Materials provided:
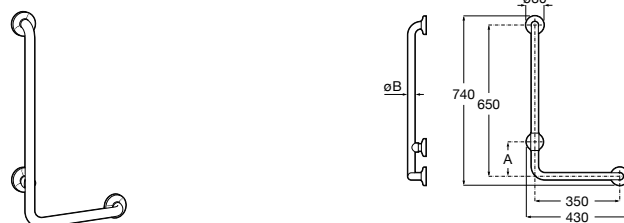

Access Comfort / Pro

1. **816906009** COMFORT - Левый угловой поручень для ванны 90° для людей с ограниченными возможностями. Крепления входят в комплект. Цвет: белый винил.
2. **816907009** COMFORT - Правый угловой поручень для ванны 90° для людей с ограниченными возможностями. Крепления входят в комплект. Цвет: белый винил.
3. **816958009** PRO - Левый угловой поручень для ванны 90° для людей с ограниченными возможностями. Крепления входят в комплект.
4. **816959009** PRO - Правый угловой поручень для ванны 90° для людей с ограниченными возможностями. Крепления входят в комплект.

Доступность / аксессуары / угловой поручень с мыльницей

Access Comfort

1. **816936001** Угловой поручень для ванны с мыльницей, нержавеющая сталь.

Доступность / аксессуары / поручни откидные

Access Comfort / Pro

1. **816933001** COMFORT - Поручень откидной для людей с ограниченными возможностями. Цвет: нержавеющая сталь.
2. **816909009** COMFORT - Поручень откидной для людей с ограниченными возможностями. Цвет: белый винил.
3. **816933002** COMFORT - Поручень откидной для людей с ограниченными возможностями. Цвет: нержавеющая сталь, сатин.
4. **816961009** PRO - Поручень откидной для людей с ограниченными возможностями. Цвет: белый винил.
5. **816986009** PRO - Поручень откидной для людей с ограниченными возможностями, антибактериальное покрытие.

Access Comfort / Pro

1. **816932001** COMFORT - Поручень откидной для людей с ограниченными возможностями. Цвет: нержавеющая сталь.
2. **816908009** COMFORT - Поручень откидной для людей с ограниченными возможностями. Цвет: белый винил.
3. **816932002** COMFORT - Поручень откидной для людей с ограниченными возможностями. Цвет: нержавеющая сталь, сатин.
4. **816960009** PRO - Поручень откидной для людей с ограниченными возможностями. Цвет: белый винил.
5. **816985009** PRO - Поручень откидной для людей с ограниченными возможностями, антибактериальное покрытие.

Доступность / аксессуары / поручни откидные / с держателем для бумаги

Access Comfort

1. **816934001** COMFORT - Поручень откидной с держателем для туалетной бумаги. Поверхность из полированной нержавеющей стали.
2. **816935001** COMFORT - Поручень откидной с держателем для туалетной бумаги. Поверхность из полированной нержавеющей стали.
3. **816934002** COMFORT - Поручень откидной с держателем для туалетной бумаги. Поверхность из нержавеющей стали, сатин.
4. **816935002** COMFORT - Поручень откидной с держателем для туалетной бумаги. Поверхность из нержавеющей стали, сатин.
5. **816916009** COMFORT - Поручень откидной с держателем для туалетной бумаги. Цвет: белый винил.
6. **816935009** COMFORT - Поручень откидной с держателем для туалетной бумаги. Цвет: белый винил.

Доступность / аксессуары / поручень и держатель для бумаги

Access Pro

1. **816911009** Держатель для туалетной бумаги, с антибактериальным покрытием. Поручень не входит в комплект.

==

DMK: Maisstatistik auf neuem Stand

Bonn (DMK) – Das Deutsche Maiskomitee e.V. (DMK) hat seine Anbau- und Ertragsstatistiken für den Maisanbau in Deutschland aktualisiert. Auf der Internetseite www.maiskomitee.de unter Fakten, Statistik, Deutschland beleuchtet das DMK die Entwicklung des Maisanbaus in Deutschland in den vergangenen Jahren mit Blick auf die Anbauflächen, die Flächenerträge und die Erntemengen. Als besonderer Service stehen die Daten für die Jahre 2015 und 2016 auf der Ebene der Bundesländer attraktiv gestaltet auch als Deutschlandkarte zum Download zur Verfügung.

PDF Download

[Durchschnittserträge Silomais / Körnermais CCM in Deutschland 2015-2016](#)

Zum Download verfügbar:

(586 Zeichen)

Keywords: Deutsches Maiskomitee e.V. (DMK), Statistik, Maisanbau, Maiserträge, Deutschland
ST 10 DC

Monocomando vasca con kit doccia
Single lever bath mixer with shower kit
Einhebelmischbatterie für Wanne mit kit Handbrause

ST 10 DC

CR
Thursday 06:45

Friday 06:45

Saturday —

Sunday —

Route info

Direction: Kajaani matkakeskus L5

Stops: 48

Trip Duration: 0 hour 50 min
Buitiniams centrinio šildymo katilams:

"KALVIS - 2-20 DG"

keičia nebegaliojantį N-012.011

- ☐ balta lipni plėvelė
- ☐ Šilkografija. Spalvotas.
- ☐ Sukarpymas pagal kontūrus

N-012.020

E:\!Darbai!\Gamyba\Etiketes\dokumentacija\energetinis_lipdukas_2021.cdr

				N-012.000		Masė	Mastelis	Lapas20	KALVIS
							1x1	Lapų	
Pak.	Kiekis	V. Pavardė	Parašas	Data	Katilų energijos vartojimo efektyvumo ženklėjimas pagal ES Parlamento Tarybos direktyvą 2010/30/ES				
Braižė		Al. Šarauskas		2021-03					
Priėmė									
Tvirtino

What you should do:
Using the records above, write out exactly the lines between the one holding "4. **816961009** PRO" and the one holding "1. **816932001** COMFORT", inclusive; leave everything else out.

Exercise output:
4. **816961009** PRO - Поручень откидной для людей с ограниченными возможностями. Цвет: белый винил.
5. **816986009** PRO - Поручень откидной для людей с ограниченными возможностями, антибактериальное покрытие.

Access Comfort / Pro

1. **816932001** COMFORT - Поручень откидной для людей с ограниченными возможностями. Цвет: нержавеющая сталь.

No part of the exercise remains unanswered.